> **Task to complete**: Within the material below, find each line bearing the word "CORSA" and present it.

++++ Records for processing ++++

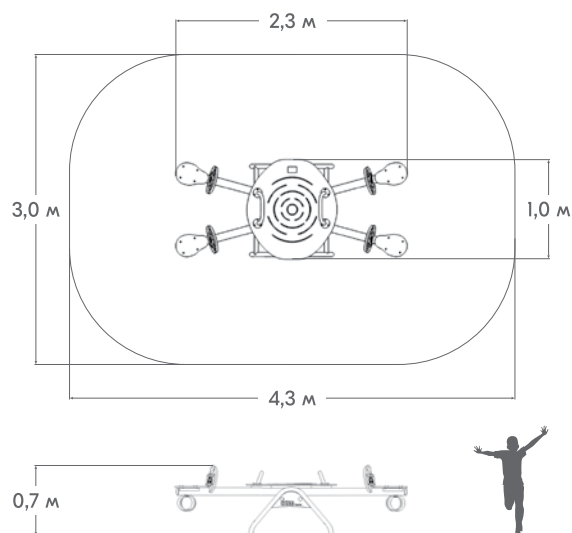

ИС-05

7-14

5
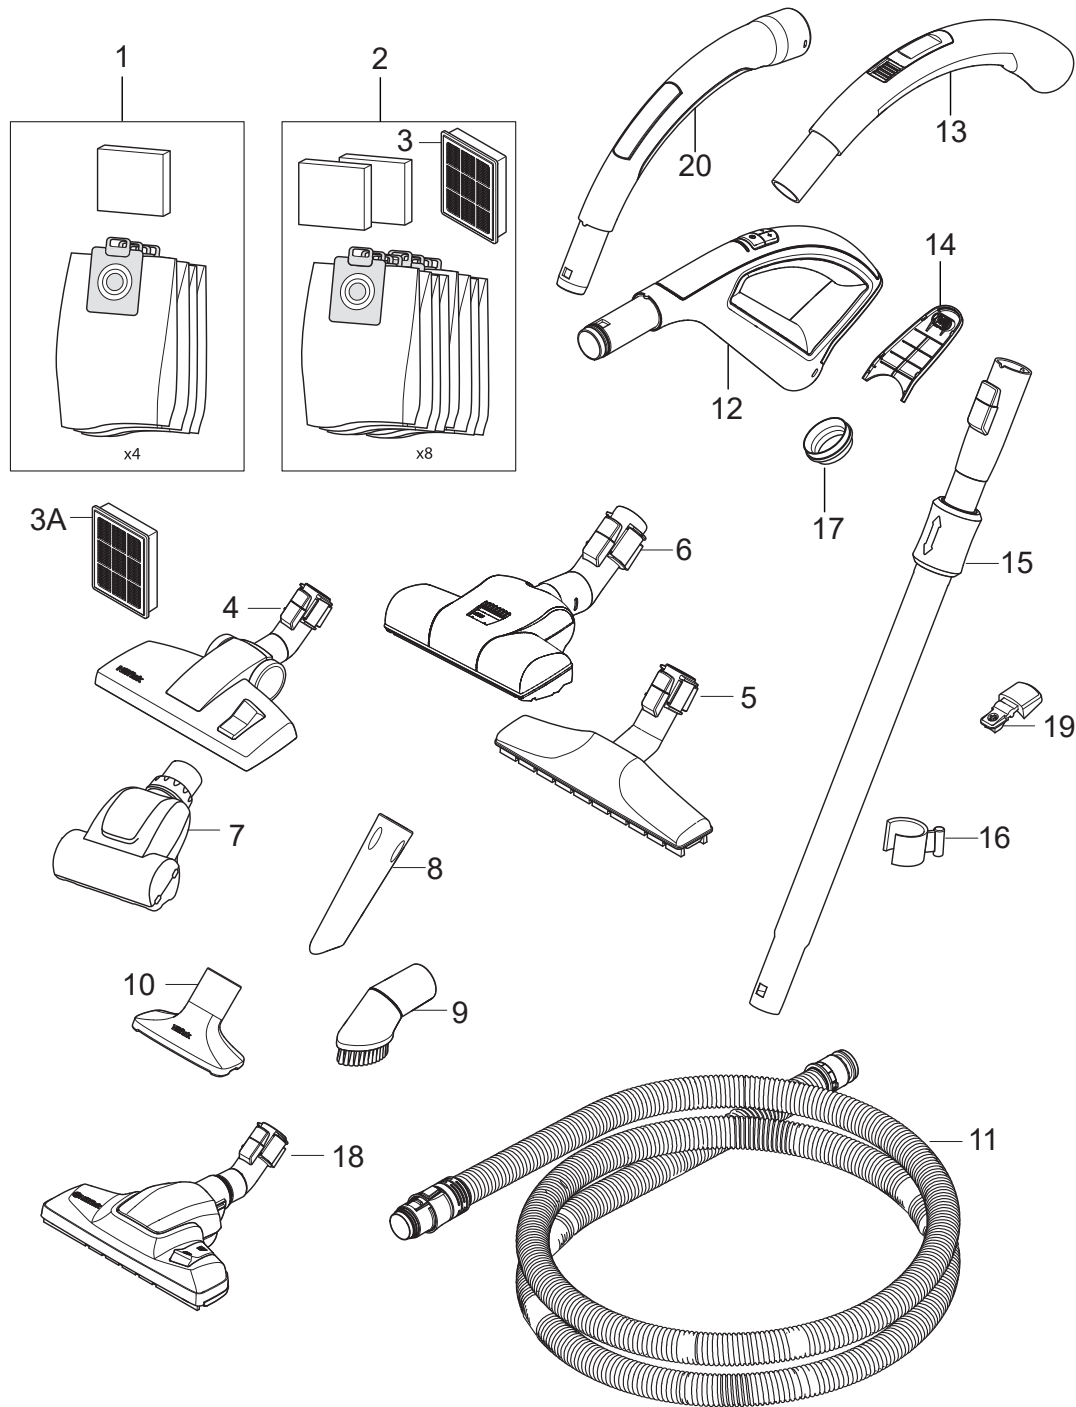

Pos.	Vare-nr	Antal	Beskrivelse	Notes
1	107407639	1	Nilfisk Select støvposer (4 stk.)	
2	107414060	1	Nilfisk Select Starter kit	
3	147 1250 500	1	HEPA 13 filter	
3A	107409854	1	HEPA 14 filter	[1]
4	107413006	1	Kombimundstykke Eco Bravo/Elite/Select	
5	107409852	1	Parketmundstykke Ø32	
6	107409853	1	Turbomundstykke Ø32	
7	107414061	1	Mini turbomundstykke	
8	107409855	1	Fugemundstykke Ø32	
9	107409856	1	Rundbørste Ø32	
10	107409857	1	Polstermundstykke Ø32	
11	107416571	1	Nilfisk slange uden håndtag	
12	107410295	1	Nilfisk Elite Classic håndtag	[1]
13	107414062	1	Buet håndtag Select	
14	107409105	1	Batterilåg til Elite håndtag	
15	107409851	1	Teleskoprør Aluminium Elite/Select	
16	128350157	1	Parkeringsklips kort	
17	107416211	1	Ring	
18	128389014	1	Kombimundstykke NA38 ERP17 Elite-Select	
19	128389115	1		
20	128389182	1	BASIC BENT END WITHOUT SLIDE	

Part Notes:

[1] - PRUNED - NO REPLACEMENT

++++
++++ Records for processing ++++

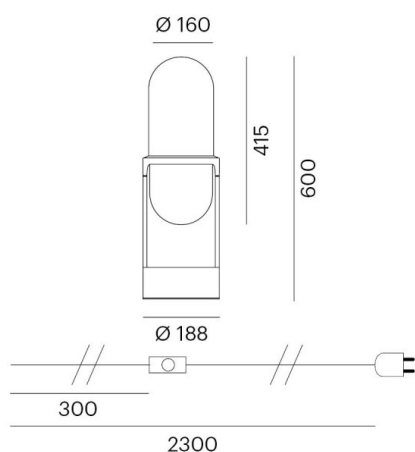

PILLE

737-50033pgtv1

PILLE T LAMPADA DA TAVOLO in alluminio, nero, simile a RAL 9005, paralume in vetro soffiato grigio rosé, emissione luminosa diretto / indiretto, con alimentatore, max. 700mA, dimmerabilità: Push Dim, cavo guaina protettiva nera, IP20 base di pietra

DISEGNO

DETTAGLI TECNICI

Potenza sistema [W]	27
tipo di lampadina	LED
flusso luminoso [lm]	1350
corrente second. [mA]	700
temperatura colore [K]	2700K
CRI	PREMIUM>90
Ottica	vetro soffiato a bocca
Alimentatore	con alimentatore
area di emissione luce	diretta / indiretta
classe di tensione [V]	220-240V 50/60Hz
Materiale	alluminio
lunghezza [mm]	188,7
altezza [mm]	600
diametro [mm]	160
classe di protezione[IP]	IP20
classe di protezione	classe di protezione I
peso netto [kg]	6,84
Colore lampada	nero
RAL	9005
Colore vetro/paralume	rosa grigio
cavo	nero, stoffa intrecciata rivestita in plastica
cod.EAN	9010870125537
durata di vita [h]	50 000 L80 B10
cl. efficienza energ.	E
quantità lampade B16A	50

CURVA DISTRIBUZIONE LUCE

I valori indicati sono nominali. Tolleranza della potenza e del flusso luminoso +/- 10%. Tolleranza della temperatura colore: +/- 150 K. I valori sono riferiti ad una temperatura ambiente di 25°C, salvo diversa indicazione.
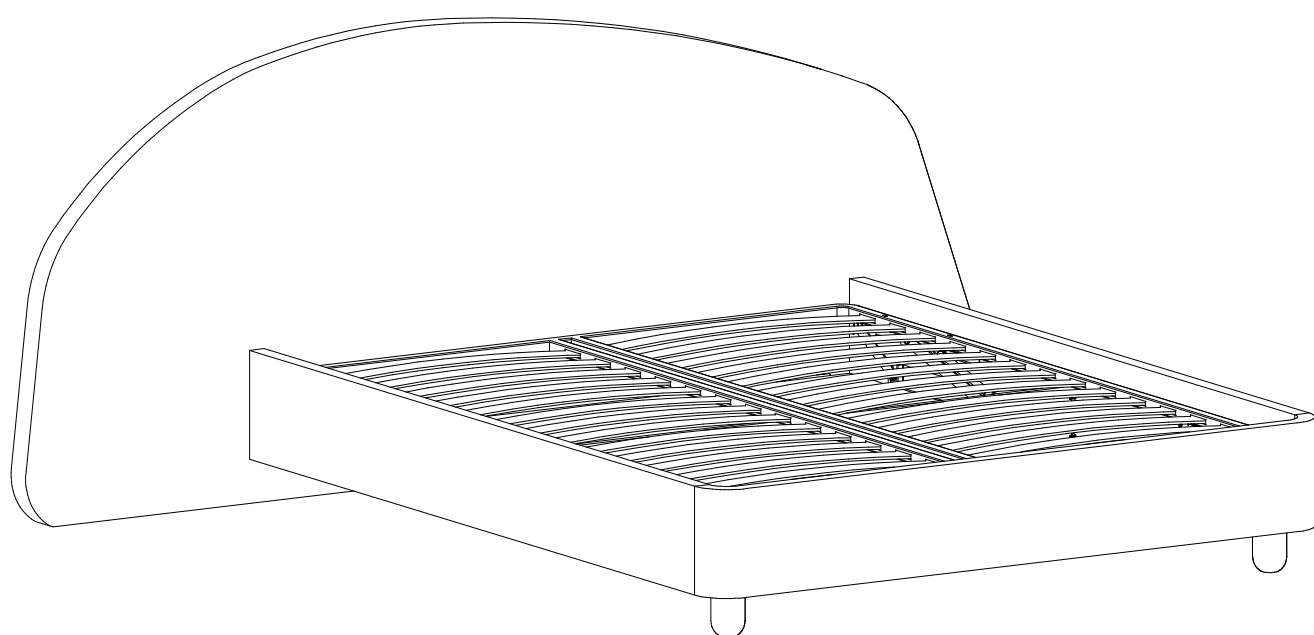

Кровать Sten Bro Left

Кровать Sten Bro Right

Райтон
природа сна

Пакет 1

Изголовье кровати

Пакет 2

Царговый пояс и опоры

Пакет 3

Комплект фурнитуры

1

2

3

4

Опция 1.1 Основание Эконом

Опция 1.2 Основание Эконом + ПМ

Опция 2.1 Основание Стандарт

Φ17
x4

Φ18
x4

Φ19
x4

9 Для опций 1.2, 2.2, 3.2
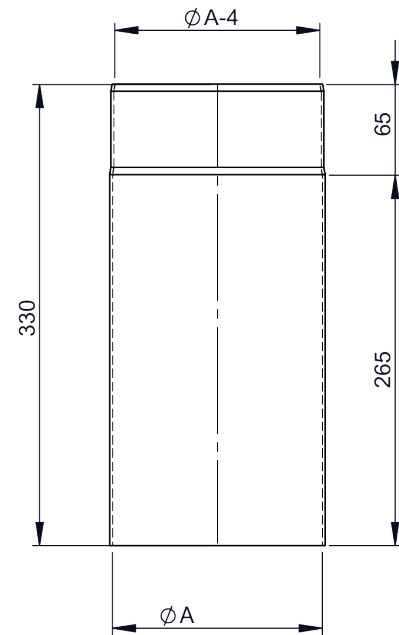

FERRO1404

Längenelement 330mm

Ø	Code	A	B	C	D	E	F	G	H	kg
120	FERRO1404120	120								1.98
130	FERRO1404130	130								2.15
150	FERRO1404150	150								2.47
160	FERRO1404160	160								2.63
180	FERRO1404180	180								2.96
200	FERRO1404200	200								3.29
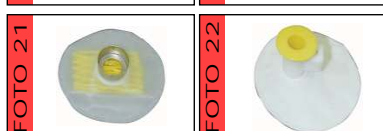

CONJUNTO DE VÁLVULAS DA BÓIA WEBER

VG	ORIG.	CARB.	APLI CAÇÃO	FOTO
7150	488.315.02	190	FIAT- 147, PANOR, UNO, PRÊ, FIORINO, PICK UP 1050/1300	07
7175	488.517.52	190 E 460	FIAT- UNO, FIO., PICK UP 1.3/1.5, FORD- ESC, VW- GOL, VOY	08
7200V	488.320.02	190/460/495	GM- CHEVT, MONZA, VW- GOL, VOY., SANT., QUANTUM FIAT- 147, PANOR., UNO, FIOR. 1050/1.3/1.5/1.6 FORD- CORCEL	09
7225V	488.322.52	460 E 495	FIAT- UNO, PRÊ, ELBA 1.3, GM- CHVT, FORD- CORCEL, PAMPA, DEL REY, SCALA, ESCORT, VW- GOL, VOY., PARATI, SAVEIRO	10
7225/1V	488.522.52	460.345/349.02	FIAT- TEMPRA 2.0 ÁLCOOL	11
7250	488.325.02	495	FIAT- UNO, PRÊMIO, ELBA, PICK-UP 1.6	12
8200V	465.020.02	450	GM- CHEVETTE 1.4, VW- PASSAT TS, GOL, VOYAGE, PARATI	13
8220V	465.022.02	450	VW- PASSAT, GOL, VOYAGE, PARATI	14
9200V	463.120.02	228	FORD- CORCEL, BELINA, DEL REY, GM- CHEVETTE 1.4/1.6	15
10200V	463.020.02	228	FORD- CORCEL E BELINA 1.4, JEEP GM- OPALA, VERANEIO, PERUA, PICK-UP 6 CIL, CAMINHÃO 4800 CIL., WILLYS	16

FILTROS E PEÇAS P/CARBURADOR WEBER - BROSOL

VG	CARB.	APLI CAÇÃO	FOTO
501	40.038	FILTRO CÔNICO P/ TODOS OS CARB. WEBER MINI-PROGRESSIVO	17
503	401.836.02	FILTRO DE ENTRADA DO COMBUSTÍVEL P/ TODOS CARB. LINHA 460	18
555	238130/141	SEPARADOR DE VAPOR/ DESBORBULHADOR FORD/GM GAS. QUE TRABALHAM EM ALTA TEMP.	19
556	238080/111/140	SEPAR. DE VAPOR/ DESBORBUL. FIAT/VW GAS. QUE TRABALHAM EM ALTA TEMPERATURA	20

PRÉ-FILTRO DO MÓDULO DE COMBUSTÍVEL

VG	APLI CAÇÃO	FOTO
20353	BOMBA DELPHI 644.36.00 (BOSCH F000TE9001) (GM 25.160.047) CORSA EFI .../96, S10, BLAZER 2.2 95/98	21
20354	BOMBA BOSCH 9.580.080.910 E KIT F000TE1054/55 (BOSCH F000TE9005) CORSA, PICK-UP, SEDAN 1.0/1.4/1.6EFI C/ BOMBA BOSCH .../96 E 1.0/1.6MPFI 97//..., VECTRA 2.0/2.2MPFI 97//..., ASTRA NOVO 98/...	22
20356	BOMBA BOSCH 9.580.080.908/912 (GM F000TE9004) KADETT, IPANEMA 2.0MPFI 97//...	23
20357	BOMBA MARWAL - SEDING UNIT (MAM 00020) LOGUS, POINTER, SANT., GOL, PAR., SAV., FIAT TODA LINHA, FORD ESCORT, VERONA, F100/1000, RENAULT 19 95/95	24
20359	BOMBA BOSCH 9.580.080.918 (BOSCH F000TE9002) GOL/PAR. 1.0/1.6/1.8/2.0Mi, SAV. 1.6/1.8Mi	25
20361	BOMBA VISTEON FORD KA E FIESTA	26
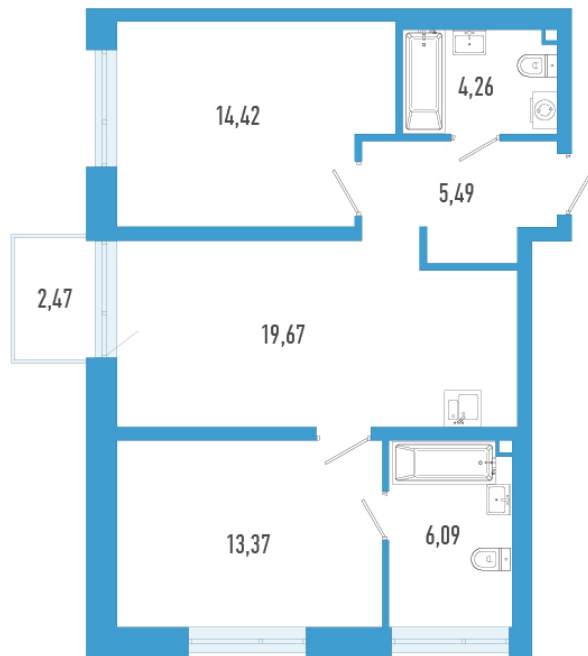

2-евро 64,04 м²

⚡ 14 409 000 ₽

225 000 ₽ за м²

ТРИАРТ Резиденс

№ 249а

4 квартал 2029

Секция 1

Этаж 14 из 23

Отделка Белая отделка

++++
++++ Records for processing ++++

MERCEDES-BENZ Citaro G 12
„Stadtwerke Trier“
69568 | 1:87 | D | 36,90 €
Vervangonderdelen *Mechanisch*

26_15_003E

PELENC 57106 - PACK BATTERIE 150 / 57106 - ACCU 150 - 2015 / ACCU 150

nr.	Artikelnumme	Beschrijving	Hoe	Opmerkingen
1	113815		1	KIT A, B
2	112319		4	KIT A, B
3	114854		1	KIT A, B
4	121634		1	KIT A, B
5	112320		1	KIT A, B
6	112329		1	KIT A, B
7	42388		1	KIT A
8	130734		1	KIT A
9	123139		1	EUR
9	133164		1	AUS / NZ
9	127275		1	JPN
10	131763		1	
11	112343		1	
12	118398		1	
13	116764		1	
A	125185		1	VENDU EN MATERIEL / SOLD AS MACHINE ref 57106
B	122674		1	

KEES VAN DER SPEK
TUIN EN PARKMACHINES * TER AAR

++++

> **Response to this task**:
20353	BOMBA DELPHI 644.36.00 (BOSCH F000TE9001) (GM 25.160.047) CORSA EFI .../96, S10, BLAZER 2.2 95/98	21
20354	BOMBA BOSCH 9.580.080.910 E KIT F000TE1054/55 (BOSCH F000TE9005) CORSA, PICK-UP, SEDAN 1.0/1.4/1.6EFI C/ BOMBA BOSCH .../96 E 1.0/1.6MPFI 97//..., VECTRA 2.0/2.2MPFI 97//..., ASTRA NOVO 98/...	22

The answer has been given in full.